What American accent do you have? Your Result: The Midland
"You have a Midland accent" is just another way of saying "you don't have an accent." You probably are from the Midland (Pennsylvania, southern Ohio, southern Indiana, southern Illinois, and Missouri) but then for all we know you could be from Florida or Charleston or one of those big southern cities like Atlanta or Dallas. You have a good voice for TV and radio. | |
The West | |
Boston | |
North Central | |
The South | |
Philadelphia | |
The Inland North | |
The Northeast | |
What American accent do you have? Take More Quizzes |
The coat of many colors: Which Bible hero are you?
"Joseph! [Jacob's son]: Self-assured and proud of it, you're leadership material through and through. Hey, can you help it if other people think you know it all? You do!"
Take the test yourself.
First time this has ever happened. Thanks for stopping by.
Folks, especially those in the blogosphere, have long criticized, and deservedly so, the Oregonian for its truly dreadful website. And when it comes to the Daily O's blogs, the absence of comments has long been a sore spot. Apparently, that's about to change. Chris Snethen, the proprietor of Couv Operator, announces the advent of comments to the Daily O blogs. [We weren't able to actuate the feature, however; maybe it's just us.]

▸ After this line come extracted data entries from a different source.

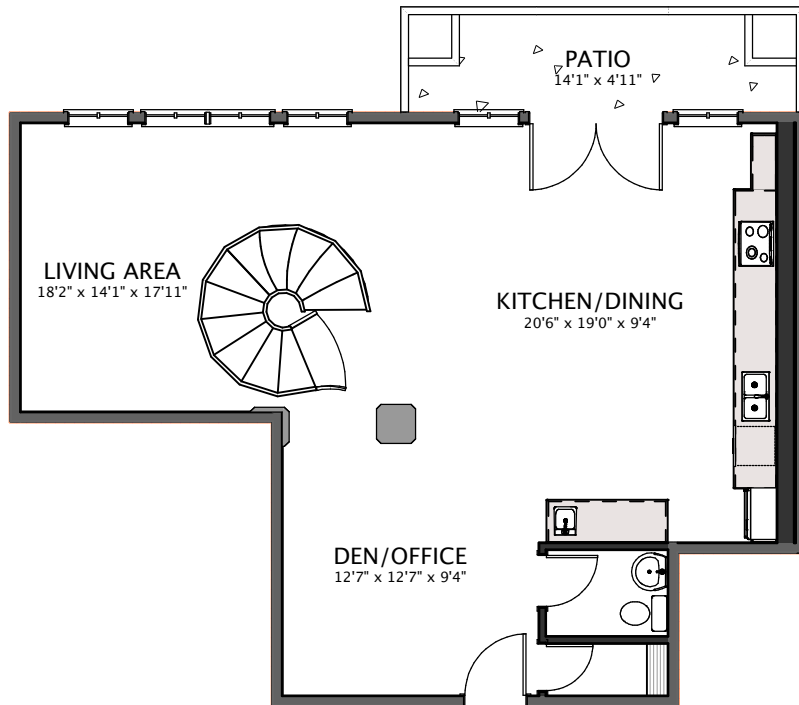

1117 1 St SW #110

Main - 842.75 sq.ft/ 78.29 m²

Upper - 576.91 sq.ft/ 53.59 m²

RMS Area - 1,419.66 sq.ft/ 131.88 m²

MAIN

UPPER

PHOTOGRAPHY | HD VIDEO TOURS | MEASURING & FLOOR PLANS | VIRTUAL STAGING

Measurements are insured and are based on local guidelines.

This floor plan is an illustration based on the measurements taken and existing structures of the property.

It is intended to be used only by the purchaser of the transaction.

Welcome aboard, Chris. Any moment now, you too will be enjoying the commentary of the area's many political cranks, online poker websites and the many minions worried about the state of your manhood. God bless the Internet.
The unthinkable has occurred over at Jack Bog's Blog. Hackers apparently found their way into the server where his site [and others] reside, not only taking the site offline for several hours, but horror of horrors, erasing four years of his archived commentary. You don't have to know much about blogging to realize how much that sucks.
Jack vows to soldier on. He'd been looking forward to his 1 millionth hit until this calamity occurred. If there's any solace to be found in such a catastrophe, it might be that it occurred on the slowest news week of the year -- but that is very small comfort, to be sure.
Here's hoping your site is back up and running soon, Jack. The thought of city hall operating a moment without you gives us the jitters.
Update: As of roughly 6 o'clock this evening, Jack is back up and running. And looking good, too. Welcome back, Jack.